Copy every record exactly, leaving the pictures out.

-- INFORMATION GIVEN follows --

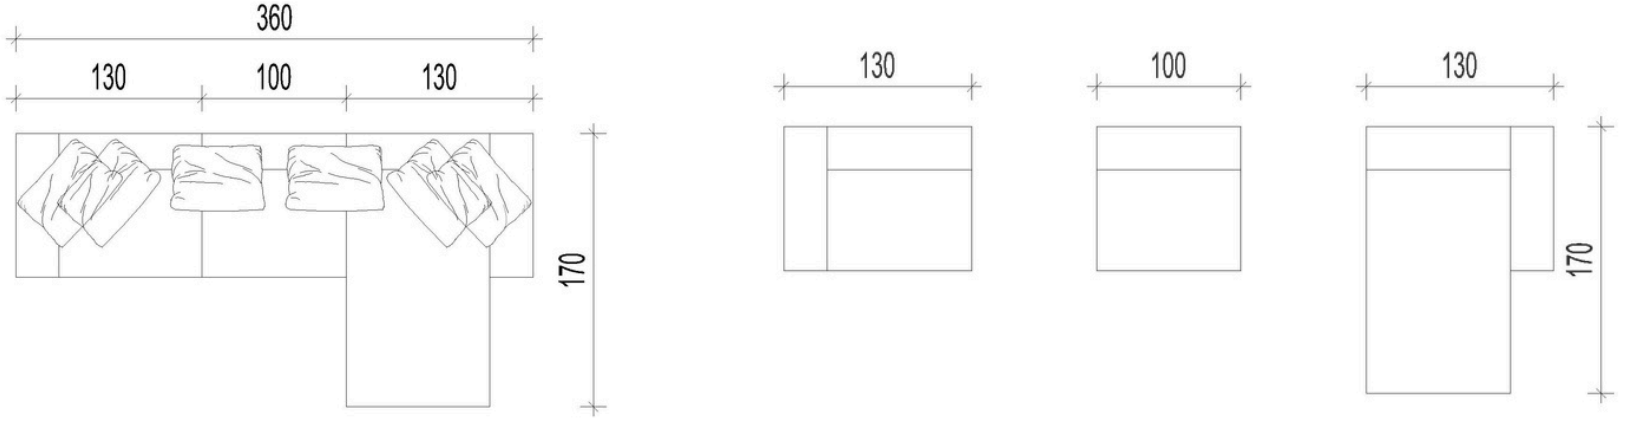

5
FURNITURE

Bella Köşe Koltuk

Standart Ölçüler

****Bütün koltuk ürünlerimizde özel ölçü çalışması yapılabilmektedir****

Teknik Özellikler

Fırınlanmış gürgen ağacı iskelet ve zigzag yay

35 dansite soft sünger

-- INFORMATION GIVEN concluded --

• **EXERCISE SOLUTION**:
5
FURNITURE

Bella Köşe Koltuk

Standart Ölçüler

****Bütün koltuk ürünlerimizde özel ölçü çalışması yapılabilmektedir****

Teknik Özellikler

Fırınlanmış gürgen ağacı iskelet ve zigzag yay

35 dansite soft sünger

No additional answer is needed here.